WisGOP's neglect and "reform" of UW grabs more national attention

As classes start back up here in Madison and at other campuses in the next few days, it’s important that we recognize the threat that is being posed to the University of Wisconsin System, and that we are not alone in seeing our great public universities being attacked. UW Regent Charles Pruitt laid it out over the weekend in a Washington Post column titled “Politics is cutting the heart out of Public Ivies.”

Former Regent Pruitt is now at the Association of Governing Boardds of Colleges and Universities, and shakes his head at how politicians have increasingly stuck their noses into what the university is teaching, and tried to direct curriculum in a more corporate direction. At the same time, these legislators have hypocritically defunded those same schools.
Such policies compromise the historic promise of the Public Ivies: excellence and affordability, made possible by robust state support. Now, having made incompatible promises to slash funding and freeze tuition, politicians have set aside leadership and chosen the course of attack instead. In my state, they say the university is “out of touch,” its business model “broken.” The idea is to set up a partisan debate between largely Democratic defenders and largely Republican critics of the university.

This process of partisan polarization surrounding universities has occurred in other states as well, from Virginia and North Carolina to Colorado and Arizona. In North Carolina, Republican Gov. Pat McCrory said the state should only subsidize university classes that would “get someone a job.” Elsewhere, more in-state students are losing their places to “full pay” students from other states or countries as universities desperately search for new revenue to offset budget cuts. A recent “discovery” of “billions” of dollars held in reserve at the University of Virginia stirred legislative criticism even though, as university officials tried to explain, most of these dollars came originally from sources other than state aid or tuition and, in an era of declining state support, a reserve fund is an essential component of sound fiscal management. (sound familiar, Wisconsinites??)

At a meeting not long ago between state legislative leaders and regents of the University of Wisconsin, for example, the Republican speaker of the Wisconsin Assembly, Robin Vos, told the regents we had a choice: be “cheerleaders for the university or advocates for the taxpayers.” The once-unifying “Wisconsin Idea” had held that to be one was to be the other. Meanwhile, in his 2015 budget, Republican Gov. Scott Walker simultaneously proposed slashing a record $350 million from the university while removing tenure protections for faculty.

Walker also proposed rewriting the institution’s mission statement — which focuses on “the search for truth” and improvement of the human condition, the traditional and noble role of the university — so that it focused on training workers instead.

In the face of criticism, Walker called these changes a “drafting error.” An error can reveal a great deal about one’s underlying values, and this one did. The governor and his allies spoke of “modernizing” the mission statement. But the search for truth and the sifting and winnowing of knowledge in its pursuit are not out of date.
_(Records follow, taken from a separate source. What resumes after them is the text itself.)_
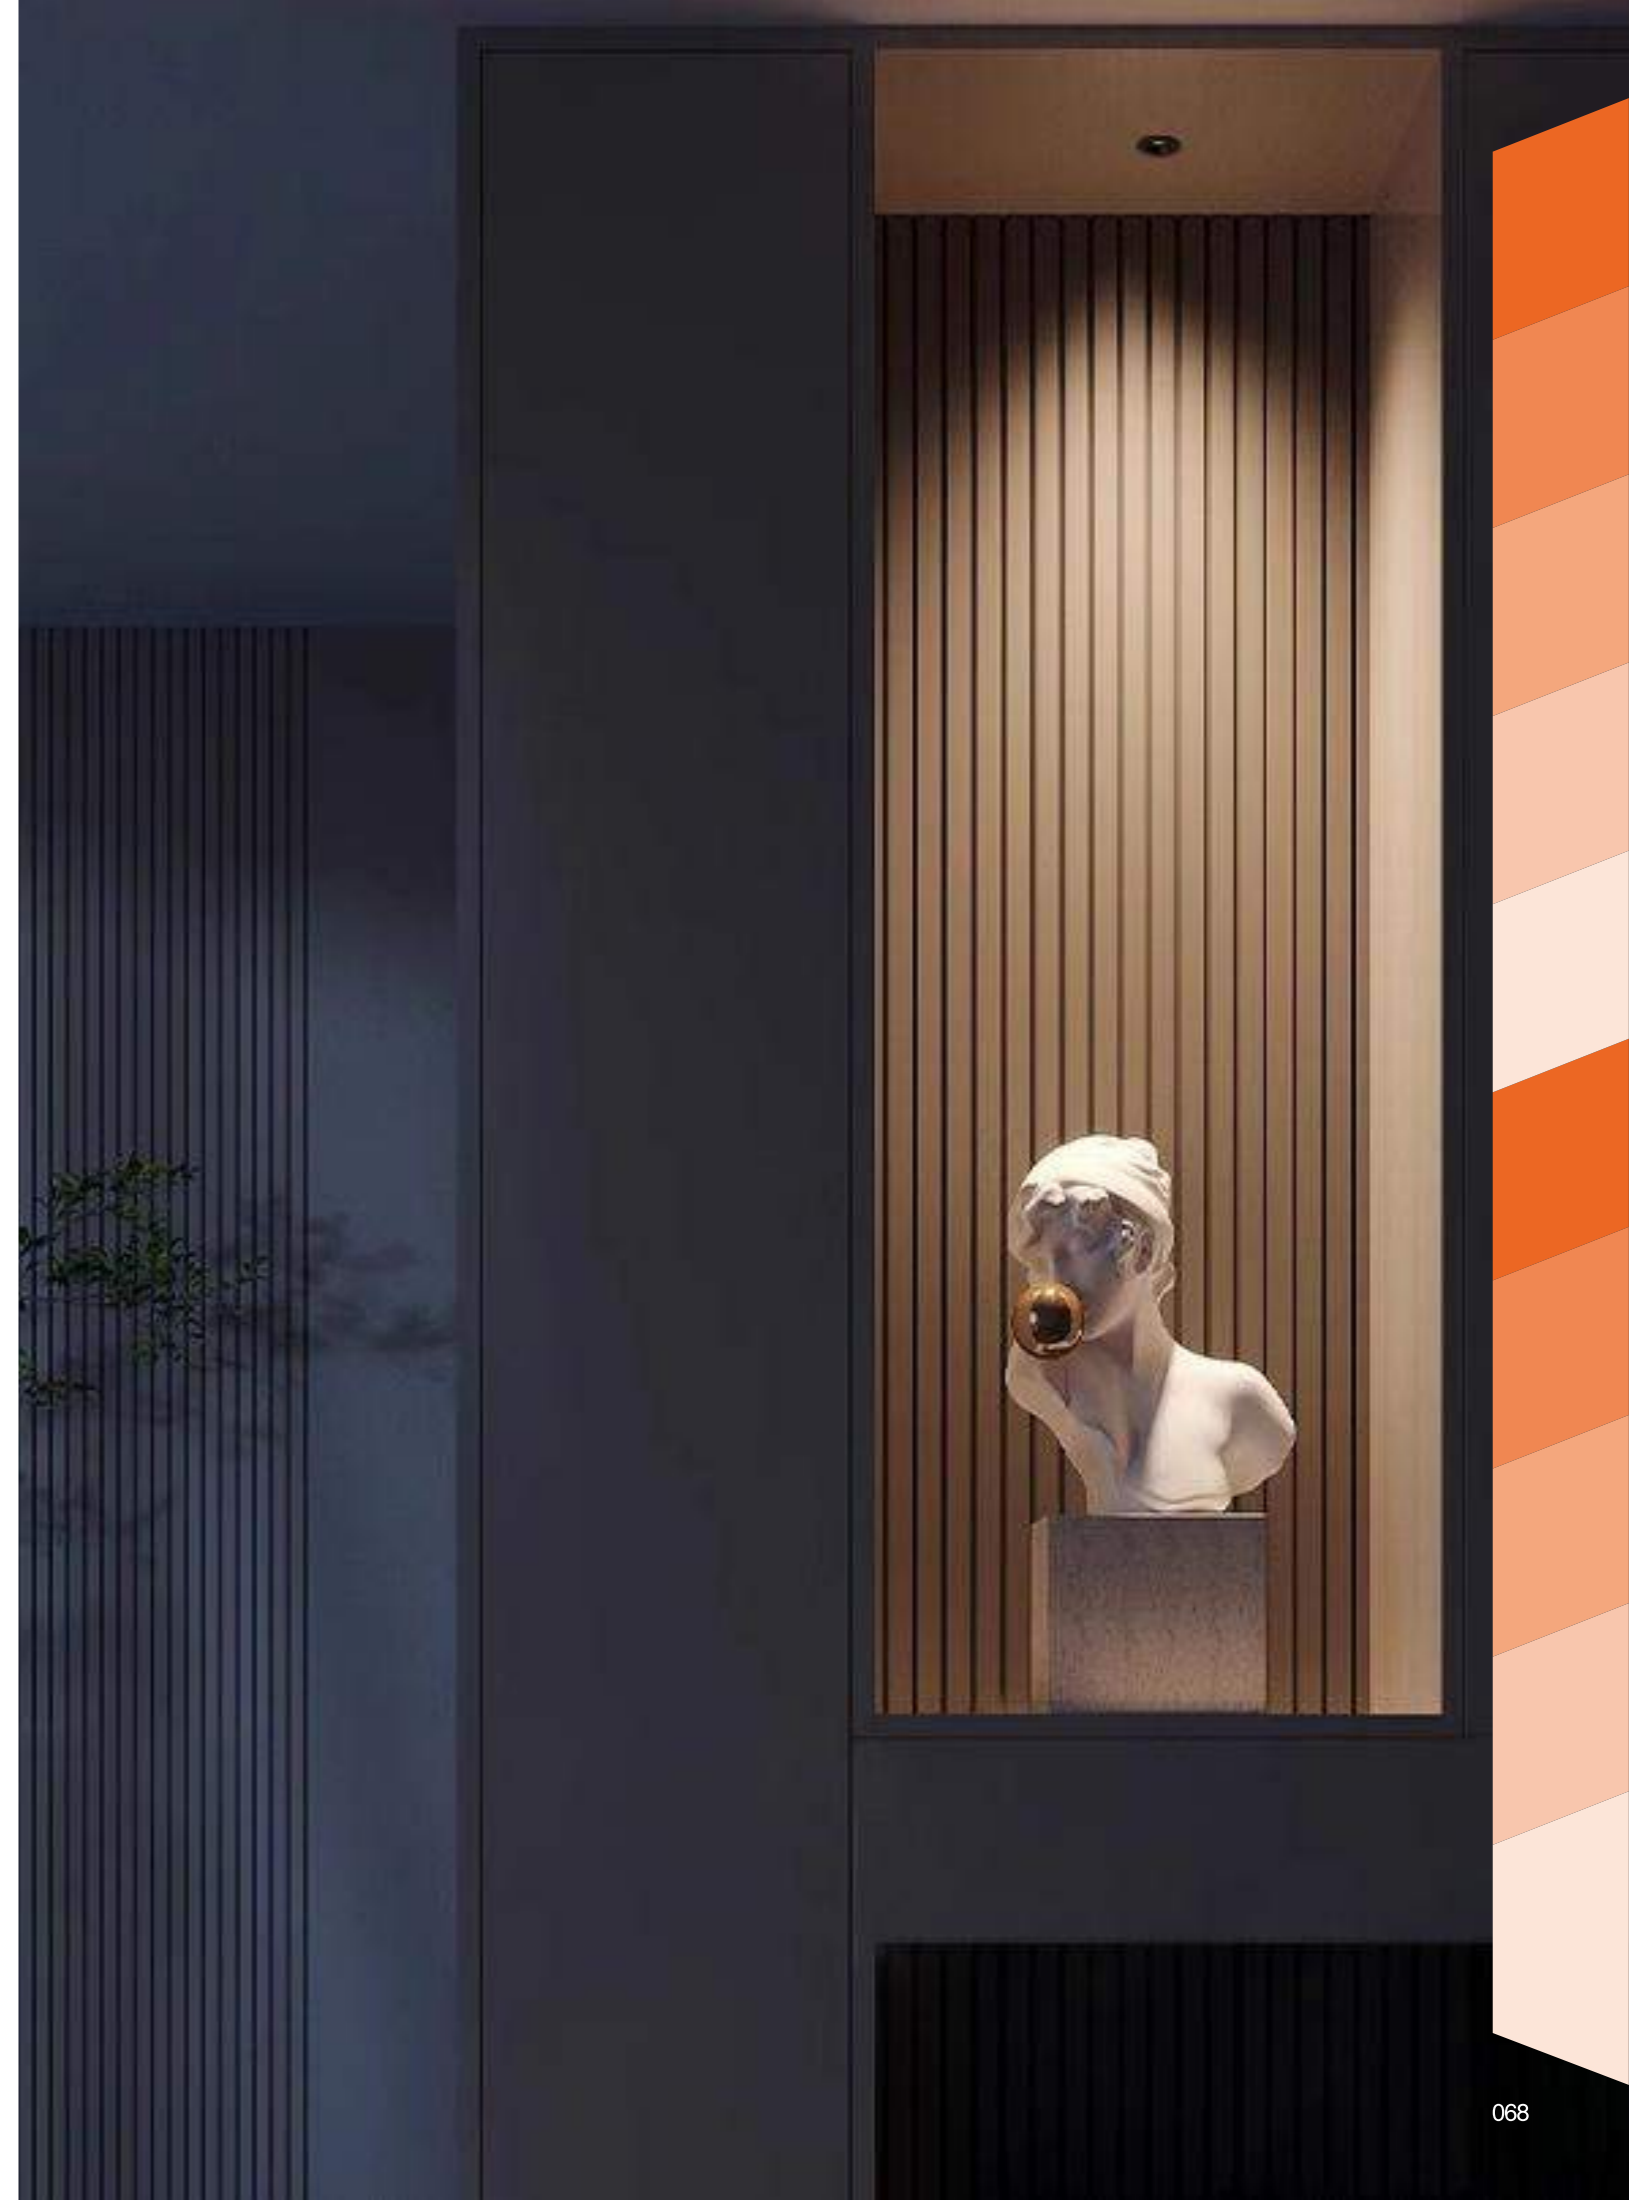

LED SPOTLIGHT

TSA01

Frame Color

Materials of Housing: **Aluminum**
Materials of Optics: **PMMA**

Model No.	W	V	lm					
	[W]	[V]	[lm]	[°]	LxHxØ [mm] LxWxH [mm] Ø xH [mm]			
OS13007	7W	AC220-240V	560lm	Φ75mm	Φ85x65mm	PC + Aluminum	Recessed	48
OS13008	9W	AC220-240V	720lm	Φ75mm	Φ85x65mm	PC + Aluminum	Recessed	48
OS13009	12W	AC220-240V	960lm	Φ75mm	Φ85x65mm	PC + Aluminum	Recessed	48
OS13010	12W	AC220-240V	960lm	Φ90mm	Φ100x65mm	PC + Aluminum	Recessed	48
OS13011	15W	AC220-240V	1200lm	Φ95mm	Φ105x85mm	PC + Aluminum	Recessed	36
OS13012	18W	AC220-240V	1440lm	Φ95mm	Φ105x85mm	PC + Aluminum	Recessed	36

INSTALLATION DIAGRAM

They are timeless and, indeed, they have never been more urgently relevant.
Of course, the ALEC legislators know that sifting and winnowing and the independent research involved in that is a threat to their voodoo economics and cronyism, which goes a long way toward explaining why they want to defund these Public Ivies and make the universities and the public more reliant on corporate support.

If that plan really works well, the void resulting from defunding can be filled with sources like Koch stink tanks to throw out competing “facts,” which confuses and/or misinforms the average voter, who doesn’t know much about these issues. Add in lower tax revenues resulting from giveaways to the rich and the corporate, meaning that budgets have to be cut (well, at least the budgets of programs ALEC legislators don’t like. Voucher schools seem never to be included in this), and you have the excuses ready-made for defunding these great public research institutions.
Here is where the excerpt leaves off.